Практикум 9. Выравнивание последовательностей


Для этого практикума был написан код на Python: ссылка на Colab.

1. Глобальное парное выравнивание гомологичных белков

Таблица 1. Характеристики глобального парного выравнивания трёх пар белков
Protein name ID 1 ID 2 Score % Identity % Similarity Gaps Indels
Sulfur carrier protein ThiS THIS_ECOLI THIS_BACSU 42.0 20.9% 44.8% 2 2
Phosphomethylpyrimidine synthase THIC_ECOLI THIC_BACSU 2156.0 63.8% 75.4% 65 10
Quinolinate synthase NADA_ECOLI NADA_BACSU 319.0 23.5% 42.1% 111 16

2. Локальное парное выравнивание гомологичных белков

Таблица 2. Характеристики локального парного выравнивания трёх пар белков
Protein name ID 1 ID 2 Score % Identity % Similarity Gaps Indels Coverage 1 Coverage 2
Sulfur carrier protein ThiS THIS_ECOLI THIS_BACSU 45.0 22.0% 48.0% 0 0 74.24% 74.24%
Phosphomethylpyrimidine synthase THIC_ECOLI THIC_BACSU 2165.5 66.6% 78.5% 50 7 95.09% 97.29%
Quinolinate synthase NADA_ECOLI NADA_BACSU 329.0 25.8% 46.2% 77 13 89.34% 94.29%

3. Результат применения программ выравнивания к неродственным белкам

Таблица 3. Характеристики глобального и локального парного выравнивания пары негомологичных белков
ID 1, Protein name 1 ID 2, Protein name 2 Выравнивание Score % Identity % Similarity Gaps Indels Coverage 1 Coverage 2
IVY_ECOLI, Inhibitor of vertebrate lysozyme KIND_BACSU, Sporulation kinase D Глобальное 24.5 5.7% 11.9% 395 8 - -
Локальное 32.0 22.4% 46.9% 4 2 30.57% 8.7%

Процент индентичных букв в глобальном выравнивании неродственных белков значительно ниже, чем у родственных; в локальном – даже выше, чем в случае Sulfur carrier protein ThiS. Процент похожих букв в глобальном существенно ниже. В локальном – выше, чем при выравнивании Quinolinate synthase. Количество гэпов в глобальном выравнивании негомологичной пары сильно выше, чем в выравнивании гомологичных. Также стоит отметить низкий вес этих выравниваний, при том, что оба белка длиннее самого короткого из гомологичных пар.

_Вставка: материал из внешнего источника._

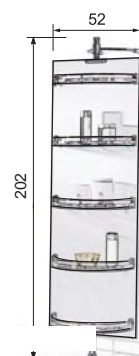

Armoires de toilette - prof. 15 cm - Hauteur 88,5 cm (côtés blanc brillant inclus).

Interrupteur + prise de courant placés à droite, à l'intérieur du meuble, inclus.

2 portes miroirs double faces éclairage led intégré
Largeur 60

Accessoires

Porte-serviette extérieur

Porte-serviette chromé à fixer sur le côté d'un meuble

Code **IN PSERE**
Prix H.T. 71 €

Pieds Spatule

Aluminium finition satiné 40 cm hauteur

Code **IN PIALU.40**
Prix H.T. 69 €

Panier à linge pour colonne prof. 39 cm

Panier à linge en fil métallique laqué en époxy blanc. Se place dans un meuble à porte. 40H - 29L - 28P

Code **IN PAN24.40**
Prix H.T. 43 €

Psyché rotative

Axe de rotation à 30 cm du mur Coloris Blanc

Hauteur 202 cm
Largeur 52 cm

1 face miroir
1 face tablettes

Code **IN PSYCHE**
Prix H.T. 610 €

Astuces innovantes

les “Plus” LIDO

✓ **Meubles durables**

Les meubles ont tous subi un traitement hydrofuge. Une réponse efficace aux problèmes d’humidité pour une meilleure résistance au temps.

4. Множественное выравнивание белков и импорт в Jalview

В этой части я выравниваю последовательности семи белков мнемоники NADA (рекомендованное имя ECOLI: Quinolinate synthase). Всего в Swiss-Prot их нашлось 247. Я решила выбирать из белков, существование которых доказано экспериментально, а также принадлежащих максимально таксономически отдалённым организмам. В итоге для множественного выравнивания я выбрала: NADA_ARATH (Arabidopsis thaliana), NADA_NEUCR (Neurospora crassa), NADA_APLKU (Aplysia kurodai), NADA_PYRFU (Pyrococcus furiosus), NADA_THEMA (Thermotoga maritima).

Файлы были получены через функцию Fetch sequences в Jalview. Выравнивание строилось программой Muscle с параметрами по умолчанию. Способ окраски Percentage identity со степенью консервативности 10.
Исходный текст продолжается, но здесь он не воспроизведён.